The 381-person Phase II study tested four doses of Merck’s oral PCSK9 inhibitor ranging from 6 mg to 30 mg in patients with high cholesterol. At the lowest dose, patients saw their cholesterol levels fall by 41% over the eight-week treatment period, while patients at the highest dose saw their cholesterol levels fall by 61%. The data were presented at the American College of Cardiology annual meeting and simultaneously published in the Journal of the American College of Cardiology.

The cholesterol-lowering numbers so far are comparable with currently approved PCSK9 inhibitors — Sanofi and Regeneron’s Praluent, Amgen’s Repatha and Novartis’ Leqvio — which are all administered via injection. The former two slashed list prices by 60% following low uptake, which doctors said was in part due to their high prices and need for prior authorization from insurance. The hope is that Merck’s oral drug could provide a potentially more accessible option for patients, though it is a ways from approval.

Dipti Itchhaporia

“We know that there are patients that either don’t tolerate a statin or when they do tolerate a statin, we may not necessarily get the LDL goal that we want,” Dipti Itchhaporia said in an interview. The former ACC president and chair of cardiovascular health at Hoag Hospital was not involved in the study.

“Adding a PCSK9 is something that I think about all the time, but there are patients that don’t want to do an injectable, so the idea that there could be an oral PCSK9 I think is very exciting,” she continued.

AstraZeneca is also working on an oral PCSK9 inhibitor, though its candidate is in an early-stage test with healthy subjects. Novo Nordisk was also studying an oral option, but announced it dropped the program in November.

Lead investigator Christie Ballantyne of Baylor College of Medicine said he was told around 10 years ago it would be impossible to make an oral PCSK9 inhibitor because of the interactions on its receptor. Merck’s drug is a macrocycle, a type of wonky chemical ring that has seen limited development into oral drugs (though some are trying to change that with new technology).
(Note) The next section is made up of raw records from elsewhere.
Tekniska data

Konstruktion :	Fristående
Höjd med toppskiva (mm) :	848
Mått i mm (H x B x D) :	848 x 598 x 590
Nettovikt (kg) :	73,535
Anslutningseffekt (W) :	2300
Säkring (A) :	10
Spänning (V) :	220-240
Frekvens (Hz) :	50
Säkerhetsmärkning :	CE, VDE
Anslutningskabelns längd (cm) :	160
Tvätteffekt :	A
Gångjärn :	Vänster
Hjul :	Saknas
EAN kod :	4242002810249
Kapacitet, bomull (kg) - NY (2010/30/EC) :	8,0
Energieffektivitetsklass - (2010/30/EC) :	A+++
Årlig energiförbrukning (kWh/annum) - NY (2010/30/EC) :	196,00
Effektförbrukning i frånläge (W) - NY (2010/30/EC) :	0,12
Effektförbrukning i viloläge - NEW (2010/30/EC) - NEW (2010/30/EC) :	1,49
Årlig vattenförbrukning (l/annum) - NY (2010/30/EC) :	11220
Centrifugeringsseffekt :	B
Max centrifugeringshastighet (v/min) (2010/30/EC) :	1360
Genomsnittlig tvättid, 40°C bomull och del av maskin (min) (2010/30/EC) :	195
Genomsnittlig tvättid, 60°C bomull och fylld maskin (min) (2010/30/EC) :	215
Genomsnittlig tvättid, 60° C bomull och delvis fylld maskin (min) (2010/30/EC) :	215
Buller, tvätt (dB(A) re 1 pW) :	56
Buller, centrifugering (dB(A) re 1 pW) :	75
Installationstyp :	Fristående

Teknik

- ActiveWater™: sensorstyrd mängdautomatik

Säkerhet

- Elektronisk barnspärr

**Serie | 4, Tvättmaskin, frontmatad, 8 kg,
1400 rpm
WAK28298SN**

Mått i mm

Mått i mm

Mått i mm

In the Phase II study, around 80% to 90% of the participants reached their cholesterol reduction goals over the eight-week period, depending on the dose they received, while only 9% did so on placebo.

Eliav Barr

The next step for Merck is a pivotal Phase III trial, though Merck Research Laboratories CMO Eliav Barr declined to specify which dose Merck would be choosing for the trial, saying only that it likely would not be the lowest dose. Itchhaporia noted the cholesterol lowering in the three higher doses looked relatively similar. At 12 mg, participants had their cholesterol levels lowered by 56%, while at 18 mg it was lowered by 59%.
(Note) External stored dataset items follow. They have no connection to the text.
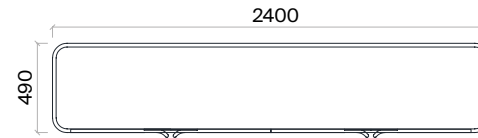

Aksesuar:

Çekmecede 40 cm derinliğinde, frenli teleskopik ray kullanılmaktadır.

Yönetici Masası (mm)

h: 750

Konsol (mm)

Mass Yönetici Masaları Teknik Bilgi ve Ölçüler

daha fazla detay için
QR kodu okutun

Malzemeler:

Merck plans on starting the Phase III trial in the second half of the year.

In this study, 39% of participants were taking no statin, 35% were taking low- or moderate-intensity statins, and 26% were taking high-intensity statins. When asked about statin intolerance, Barr said, “While it’s true that there’s a group of patients that are intolerant, or unwilling to take statins, the workhorse for cholesterol lowering around the world is statins and they have been incredibly successful. And so, the role that we see — at present — this drug to have, is the role of being a drug that gets you to goal on top of statins.”

Statin intolerance is a niche Esperion is trying to fill with its drug Nexletol, which it presented long-awaited data for on Saturday at the New Orleans conference. The company is hoping that the new data and potential new cardiovascular risk label for Nexletol will boost the tepid sales of its drug, which was approved three years ago, but Esperion’s stock price $ESPR dropped 21% Monday morning.

In terms of safety for MK-0616, treatment-related adverse event numbers were similar across treatment and placebo groups. The most common adverse events during the study were Covid-19, diarrhea and upset stomach. One patient died during the course of the trial due to a car accident.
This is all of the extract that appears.